PROBLEM TO SOLVE: Output the data word for word, dropping every image.

ENTRIES SHOWN START

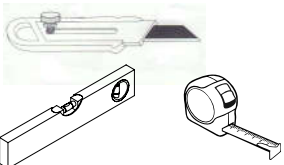

Instalation manual

ALEX: Shelving 2D

Element symbol	Dimensions				Code	Package
1	1298	354	16	1	A - 116	1/1
2	1298	354	16	1	A - 117	1/1
3	966	326	16	1	A - 118	1/1
4	840	355	16	1	A - 211	1/1
5	840	355	16	1	A - 210	1/1
6	806	326	16	1	A - 305	1/1
7	406	326	16	2	A - 306	1/1
8	384	326	16	2	A - 307	1/1
9	960	397	16	1	A - 012	2/2
10	329	800	16	1	A - 013	1/1
11	983	401	3	1	A - 611	2/2
12	333	824	3	1	A - 612	2/2
13	983	423	3	1	A - 613	2/2
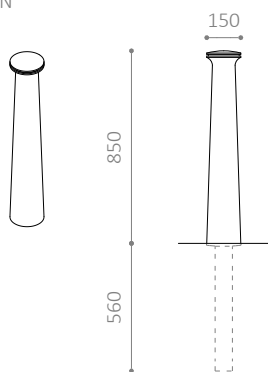

CLASSIC & CLASSIC MALMÖ TAKTIL PULLERT

Design: ARKITEKT MAA BUE BECK

Solid støbejernspullert

Fås som fast eller aftagelig pullert

Mulighed for taktiltop og rød, gul eller hvid refleks

HITSA A/S
Albuen 37
DK 6000 Kolding
+45 75 57 41 55
hitsa@hitsa.dk
www.hitsa.dk

HITSA
WE SUPPLY OUTDOOR SPACES

Classic N

Classic S

Classic Tactil Malmö N

Classic Tactil Malmö S

Classic Tactil Malmö Top

CLASSIC & CLASSIC MALMÖ TAKTIL PULLERT

- Solid støbejernspullert
- Fås som fast eller aftagelig pullert
- Den aftagelige demonteres vha. 8 mm specialnøgle
- Mulighed for taktilltop og rød, gul eller hvid refleks på Classic Malmö
- 8 forskellige taktile toppe beregnet for blinde/svagtseende
- Leveres altid pulverlakeret i en RAL-farve

MATERIALER:

- Pulverlakeret støbejern
- Nedstøbningsdele i varmgalvaniseret stål

MÅL:

- Nedstøbningsrør til fast pullert: $\varnothing 76$ mm stålør
- Nedstøbningsdel til aftagelig pullert: 90 x 90 mm stål
- Indergående rør til aftagelig pullert: $\varnothing 76$ mm stålør

MONTERING:

- Nedstøbning
- Anbefalet fundamentstørrelse: $\varnothing 300$ x H600 mm
- Afstand fra terræn til overkant: 850 mm (CLASSIC) / 867 mm (MALMÖ)
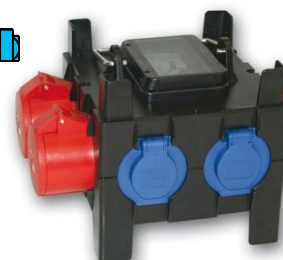

Frame los bestellen

HELAF ZWOLLE Volrubber verdeler **32 Amp.** voorzien van:
ZW33749 (excl. frame, zie **03114100008L**)

- Invoer - 1 apparaatstekker 5 polig 32 Amp. 400V
Afgaande groepen - 3 aardlekschakelaars 2 polig 40 Amp. lfn. 30 mA.
6 automaten 1 polig 16 Amp.
12 inbouwcontactdozen 2 polig + randaarde 16 Amp. 230V
- Overige - 1 handgreep

HELAF HATTEM Volrubber verdeler **32 Amp.** voorzien van:
HT33637

- Invoer - 2 meter H07RN-F 5G6,- mm². met CEE-stekker 5 polig 32 Amp.
Afgaande groepen - 1 aardlekschakelaar 4 polig 40 Amp. lfn. 30 mA.
1 aanbouwcontactdoos 5 polig 32 Amp. 400V (ongezekerd)
1 automaat 3 polig 16 Amp.
2 aanbouwcontactdozen 5 polig 16 Amp. 400V
3 automaten 1 polig 16 Amp.
3 inbouwcontactdozen 2 polig + randaarde 16 Amp. 230V
- Overige 1 handgreep

HELAF HEINO Kunststof verdeler **32 Amp.** voorzien van:
HN33644

- Voeding - 2m H07RN-F 5G4,0 mm² met CEE stekker 5p 32A
Afgaand - 1 aardlekschakelaar 4 polig 40 Amp. lfn. 30 mA
1 aanbouwcontactdoos 5 polig 32 Amp. (ongezekerd)
1 automaat 3 polig 16 Amp.
1 aanbouwcontactdoos 5 polig 16 Amp.
1 automaat 1 polig 16 Amp.
3 inbouwcontactdozen 2 polig + randaarde 16 Amp. 230V
- Overige 1 metalen ophangbeugel

HELAF HEINO Kunststof verdeler **16 Amp.** voorzien van:
HN33731

- Voeding - 2m H07RN-F 5G2,5 mm² met CEE stekker 5p 16A.
Afgaand - 1 aardlekschakelaar 4 polig 40 Amp. lfn. 30 mA
2 aanbouwcontactdozen 5 polig 16 Amp. (ongezekerd)
2 automaten 1 polig 16 Amp.
5 inbouwcontactdozen 2 polig + randaarde 16 Amp. 230V
- Overige 1 metalen ophangbeugel

ENTRIES SHOWN END

ANSWER SPACE:
Instalation manual

ALEX: Shelving 2D

Element symbol	Dimensions				Code	Package
1	1298	354	16	1	A - 116	1/1
2	1298	354	16	1	A - 117	1/1
3	966	326	16	1	A - 118	1/1
4	840	355	16	1	A - 211	1/1
5	840	355	16	1	A - 210	1/1
6	806	326	16	1	A - 305	1/1
7	406	326	16	2	A - 306	1/1
8	384	326	16	2	A - 307	1/1
9	960	397	16	1	A - 012	2/2
10	329	800	16	1	A - 013	1/1
11	983	401	3	1	A - 611	2/2
12	333	824	3	1	A - 612	2/2
13	983	423	3	1	A - 613	2/2

CLASSIC & CLASSIC MALMÖ TAKTIL PULLERT

Design: ARKITEKT MAA BUE BECK

Solid støbejernspullert

Fås som fast eller aftagelig pullert

Mulighed for taktiltop og rød, gul eller hvid refleks

HITSA A/S
Albuen 37
DK 6000 Kolding
+45 75 57 41 55
hitsa@hitsa.dk
www.hitsa.dk

HITSA
WE SUPPLY OUTDOOR SPACES

Classic N

Classic S

Classic Tactil Malmö N

Classic Tactil Malmö S

Classic Tactil Malmö Top

CLASSIC & CLASSIC MALMÖ TAKTIL PULLERT

- Solid støbejernspullert
- Fås som fast eller aftagelig pullert
- Den aftagelige demonteres vha. 8 mm specialnøgle
- Mulighed for taktilltop og rød, gul eller hvid refleks på Classic Malmö
- 8 forskellige taktile toppe beregnet for blinde/svagtseende
- Leveres altid pulverlakeret i en RAL-farve

MATERIALER:

- Pulverlakeret støbejern
- Nedstøbningsdele i varmgalvaniseret stål

MÅL:

- Nedstøbningsrør til fast pullert: $\varnothing 76$ mm stålør
- Nedstøbningsdel til aftagelig pullert: 90 x 90 mm stål
- Indergående rør til aftagelig pullert: $\varnothing 76$ mm stålør

MONTERING:

- Nedstøbning
- Anbefalet fundamentstørrelse: $\varnothing 300$ x H600 mm
- Afstand fra terræn til overkant: 850 mm (CLASSIC) / 867 mm (MALMÖ)

Frame los bestellen

HELAF ZWOLLE Volrubber verdeler **32 Amp.** voorzien van:
ZW33749 (excl. frame, zie **03114100008L**)

- Invoer - 1 apparaatstekker 5 polig 32 Amp. 400V
Afgaande groepen - 3 aardlekschakelaars 2 polig 40 Amp. lfn. 30 mA.
6 automaten 1 polig 16 Amp.
12 inbouwcontactdozen 2 polig + randaarde 16 Amp. 230V
- Overige - 1 handgreep

HELAF HATTEM Volrubber verdeler **32 Amp.** voorzien van:
HT33637

- Invoer - 2 meter H07RN-F 5G6,- mm². met CEE-stekker 5 polig 32 Amp.
Afgaande groepen - 1 aardlekschakelaar 4 polig 40 Amp. lfn. 30 mA.
1 aanbouwcontactdoos 5 polig 32 Amp. 400V (ongezekerd)
1 automaat 3 polig 16 Amp.
2 aanbouwcontactdozen 5 polig 16 Amp. 400V
3 automaten 1 polig 16 Amp.
3 inbouwcontactdozen 2 polig + randaarde 16 Amp. 230V
- Overige 1 handgreep

HELAF HEINO Kunststof verdeler **32 Amp.** voorzien van:
HN33644

- Voeding - 2m H07RN-F 5G4,0 mm² met CEE stekker 5p 32A
Afgaand - 1 aardlekschakelaar 4 polig 40 Amp. lfn. 30 mA
1 aanbouwcontactdoos 5 polig 32 Amp. (ongezekerd)
1 automaat 3 polig 16 Amp.
1 aanbouwcontactdoos 5 polig 16 Amp.
1 automaat 1 polig 16 Amp.
3 inbouwcontactdozen 2 polig + randaarde 16 Amp. 230V
- Overige 1 metalen ophangbeugel

HELAF HEINO Kunststof verdeler **16 Amp.** voorzien van:
HN33731

- Voeding - 2m H07RN-F 5G2,5 mm² met CEE stekker 5p 16A.
Afgaand - 1 aardlekschakelaar 4 polig 40 Amp. lfn. 30 mA
2 aanbouwcontactdozen 5 polig 16 Amp. (ongezekerd)
2 automaten 1 polig 16 Amp.
5 inbouwcontactdozen 2 polig + randaarde 16 Amp. 230V
- Overige 1 metalen ophangbeugel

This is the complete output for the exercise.